Return an exact copy of the data, starting at its first line and ending at the line that contains "NAMES : 5C2 box shape (incomplete)", minus any pictures.
********************
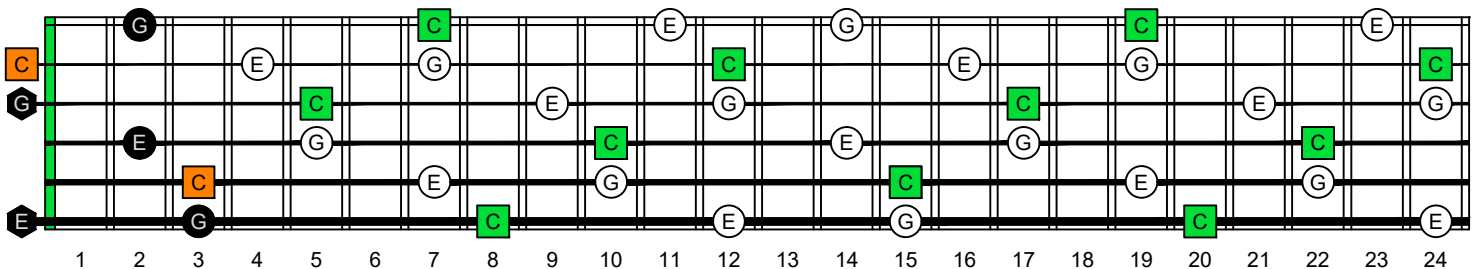

**C**  
**major arpeggio**  
**CAGED**  
**octaves**  
**box shapes**  
**Fender Bass VI**  
**6-string bass tuning**  
 E1 standard - EADGCF

5C2

BOX SHAPE (incomplete)

NOTE NAMES

FINGERING

INTERVALS

www.cagedoctaves.com

Zon Brookes

CAGED octaves (Fender Bass VI : E1 standard - EADGCF) C major arpeggio - 5C2 box shape (incomplete)

CAGED octaves (Fender Bass VI : E1 standard - EADGCF) C major arpeggio FINGERBOARD NOTE NAMES : 5C2 box shape (incomplete)

CAGED octaves (Fender Bass VI : E1 standard - EADGCF) C major arpeggio FINGERBOARD INTERVALS : 5C2 box shape (incomplete)
********************
REPLY
**C**  
**major arpeggio**  
**CAGED**  
**octaves**  
**box shapes**  
**Fender Bass VI**  
**6-string bass tuning**  
 E1 standard - EADGCF

5C2

BOX SHAPE (incomplete)

NOTE NAMES

FINGERING

INTERVALS

www.cagedoctaves.com

Zon Brookes

CAGED octaves (Fender Bass VI : E1 standard - EADGCF) C major arpeggio - 5C2 box shape (incomplete)

CAGED octaves (Fender Bass VI : E1 standard - EADGCF) C major arpeggio FINGERBOARD NOTE NAMES : 5C2 box shape (incomplete)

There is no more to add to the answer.